== What you have to do ==
Skip the pictures. Output only the lines below starting at the line with "High School Average" and ending at the line with "MOUNTING DIMENSIONS ABT-303024F", both ends included, exactly as they are.

== Data supplied ==
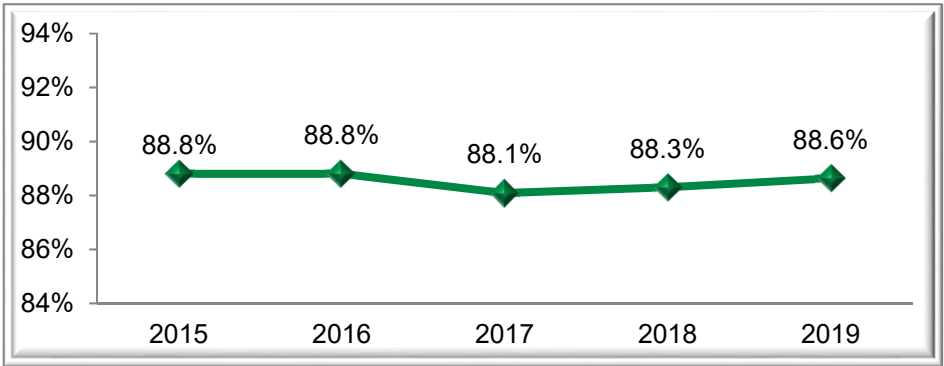

ENTRY CHARACTERISTICS, FALL SEMESTERS

ALL FULL-TIME FRESHMEN (Regular, Transition, Exceptional Talent, EOP)

High School Average

High School Class Rank

Average SAT Scores

SAT scores for fall 2017, 2018 and 2019 are based on the newly designed exam. Scores from the new exam are not equivalent to the old exam and should not be compared.
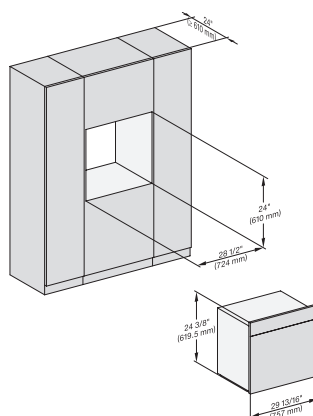

H6x80BP, ESW6x80, H6x80-2BP, DGC7xxx, H2x80BP, H7x80BPX, ESW7x80, Fitting Combi, Installation drawing, Proud, NA

H 6x80 BP, ESW 6x80, H 6x80-2BP, NA7000 Fitting Combi wide front, Installation drawing, Proud, NA

DGC7x8x, side view, 30 Zoll, Proud

7/8" – 22" mm – Glas, 15/16" – 23.3" mm – Stainless steel

DGC7x8x(X), Einbau, 30 Zoll, Proud, XXL

DGC7x8x, Einbau, 30 Zoll, Proud, wide front, XXL
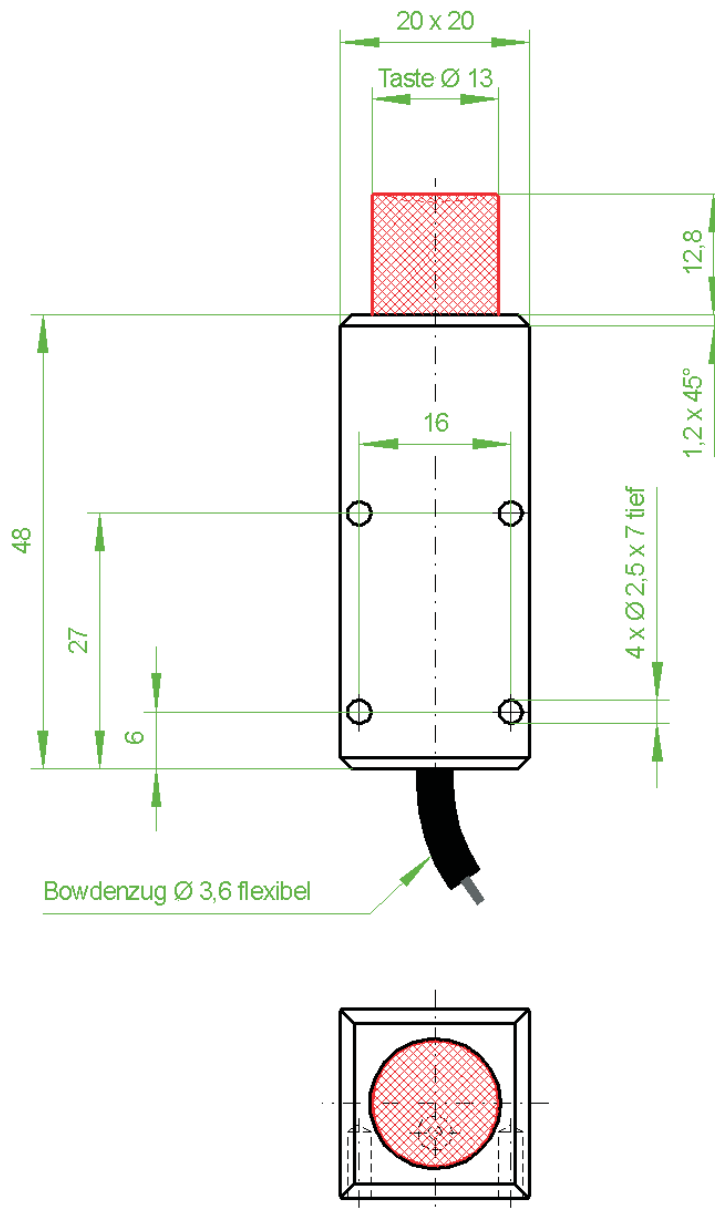

 colour of pushbutton : black, red, white
 more colours on request

 exclusive model : anodized aluminium
 black or natural,
 more colours on request

 distance to actuate : 11 mm
 transmission : 1:1
 controllable gas springs : 1
 max. cable force :
 on pushbutton : 800 gramme
 length of bowden wire : 25/50/75/100/125/150 cm

order description: ABT-303024H

MOUNTING DIMENSIONS ABT-202013H

dimensions in mm / we reserve the right to make modifications

MOUNTING DIMENSIONS ABT-202030P

dimensions in mm / we reserve the right to make modifications

MOUNTING DIMENSIONS ABT-303024F

dimensions in mm / we reserve the right to make modifications

MOUNTING DIMENSIONS ABT-303024HH

dimensions in mm / we reserve the right to make modifications

MOUNTING DIMENSIONS ABT-303024H

dimensions in mm / we reserve the right to make modifications
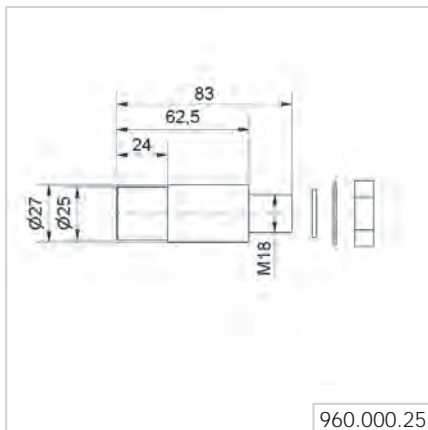

Overview Accessories for Signal Towers

KombiSIGN 72 - DesignLOOK

Adaptor for single hole mounting
Ø 25 mm, M18

Order no. 960 000 25

Bracket for 1-sided mounting,
incl. rubber seals

Order no. 960 000 52

Bracket for surface mounting
incl. cable gland

M16 x 1.5

Order no. 960 000 53

Adaptor for tube mounting
Ø 25 mm / 1/2" NPT thread

Order no. 975 840 02

Tube Ø 25 mm, all anodised aluminium

100 mm long **975 845 10**

250 mm long **975 840 25**

400 mm long **975 840 40**

600 mm long **975 840 60**

800 mm long **975 840 80**

1000 mm long **975 840 03**

Technical Diagrams see page 70

← TECHNICAL DIAGRAMS:
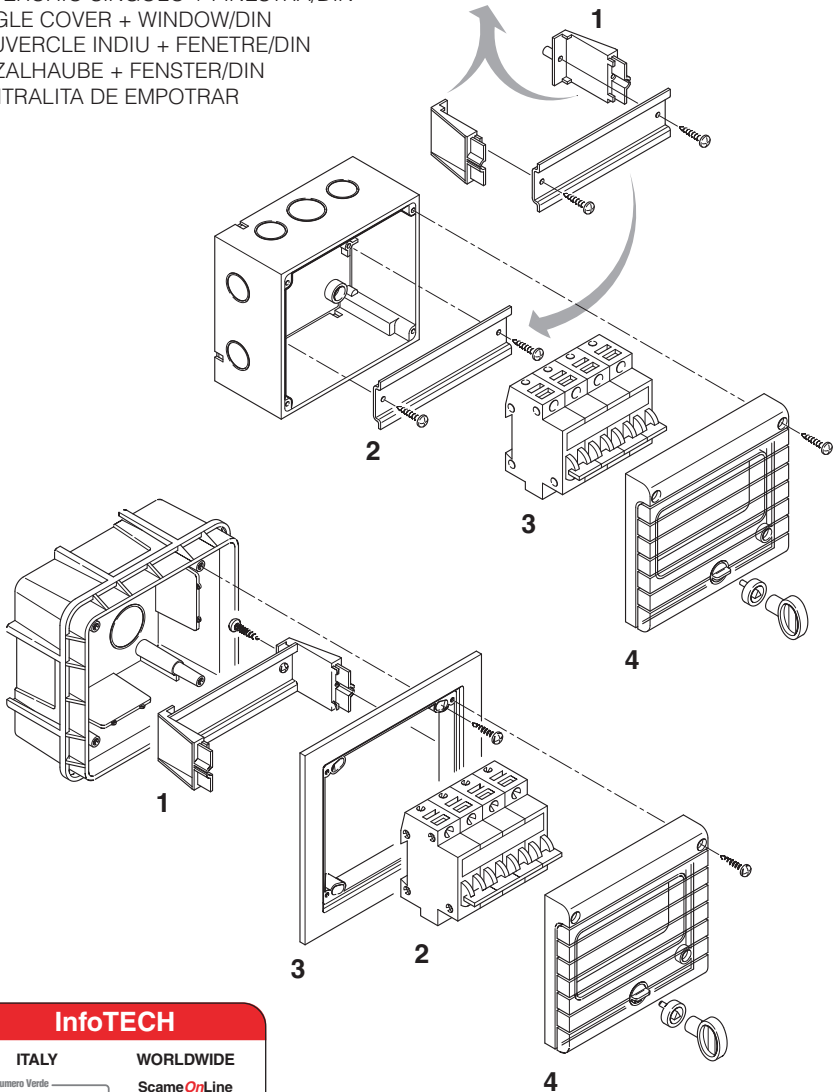

ART. 572.0120

COPERCHIO SINGOLO + FINESTRA/DIN
 SINGLE COVER + WINDOW/DIN
 COUVERCLE INDIU + FENETRE/DIN
 EINZALHAUBE + FENSTER/DIN
 CENTRALITA DE EMPOTRAR

InfoTECH

ITALY

WORLDWIDE

Numero Verde

800-018009

ScameOnLine

== Completed exercise ==
High School Average

High School Class Rank

Average SAT Scores

SAT scores for fall 2017, 2018 and 2019 are based on the newly designed exam. Scores from the new exam are not equivalent to the old exam and should not be compared.

H6x80BP, ESW6x80, H6x80-2BP, DGC7xxx, H2x80BP, H7x80BPX, ESW7x80, Fitting Combi, Installation drawing, Proud, NA

H 6x80 BP, ESW 6x80, H 6x80-2BP, NA7000 Fitting Combi wide front, Installation drawing, Proud, NA

DGC7x8x, side view, 30 Zoll, Proud

7/8" – 22" mm – Glas, 15/16" – 23.3" mm – Stainless steel

DGC7x8x(X), Einbau, 30 Zoll, Proud, XXL

DGC7x8x, Einbau, 30 Zoll, Proud, wide front, XXL

 colour of pushbutton : black, red, white
 more colours on request

 exclusive model : anodized aluminium
 black or natural,
 more colours on request

 distance to actuate : 11 mm
 transmission : 1:1
 controllable gas springs : 1
 max. cable force :
 on pushbutton : 800 gramme
 length of bowden wire : 25/50/75/100/125/150 cm

order description: ABT-303024H

MOUNTING DIMENSIONS ABT-202013H

dimensions in mm / we reserve the right to make modifications

MOUNTING DIMENSIONS ABT-202030P

dimensions in mm / we reserve the right to make modifications

MOUNTING DIMENSIONS ABT-303024F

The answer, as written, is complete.